## WORK REQUIRED
Report every line of the entries that contains the word "coucher".

## RECORDS PROVIDED
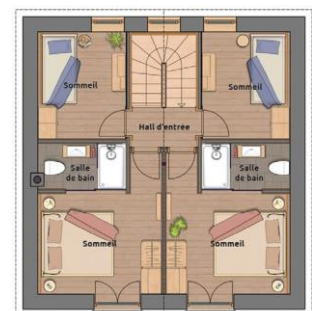

Rez-de-chaussée

Le rez-de-chaussée est caractérisé par le confort et le plaisir sensoriel.

- ✔ Cuisine équipée
- ✔ Armoire tempérée à vin
- ✔ Coin repas rustique et confortable
- ✔ Coin salon avec feu ouvert
- ✔ Chambre à coucher pour 2 personnes et salle de bain

- ✔ Deux chambres à coucher (1 à 2 personnes), largeur du lit 1,40 m
- ✔ Deux chambres à coucher pour 2 personnes avec salle de bain (douche et toilette), largeur du lit 2*90 cm = 1,80 m
- ✔ Très grand confort de sommeil, grâce aux matelas originaux Tempur
- ✔ Ambiance agréable garantie grâce aux sols revêtis de bois usagés
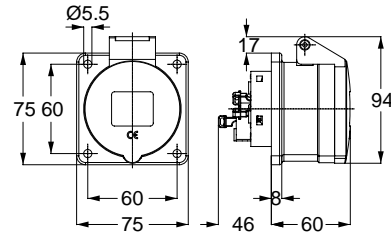

13703V MAKİNE PRİZİ (DÜZ)

Kontakt Sayısı	2P+E
Amper	32
Sızdırmazlık Derecesi	IP44
Voltaj	220 - 240 V
Topraklama Kont. Poz.	6h
Bağlantı Tipi	Vidalı
Kutu Adeti	10

## OUTPUT FOR THIS EXERCISE
- ✔ Chambre à coucher pour 2 personnes et salle de bain
- ✔ Deux chambres à coucher (1 à 2 personnes), largeur du lit 1,40 m
- ✔ Deux chambres à coucher pour 2 personnes avec salle de bain (douche et toilette), largeur du lit 2*90 cm = 1,80 m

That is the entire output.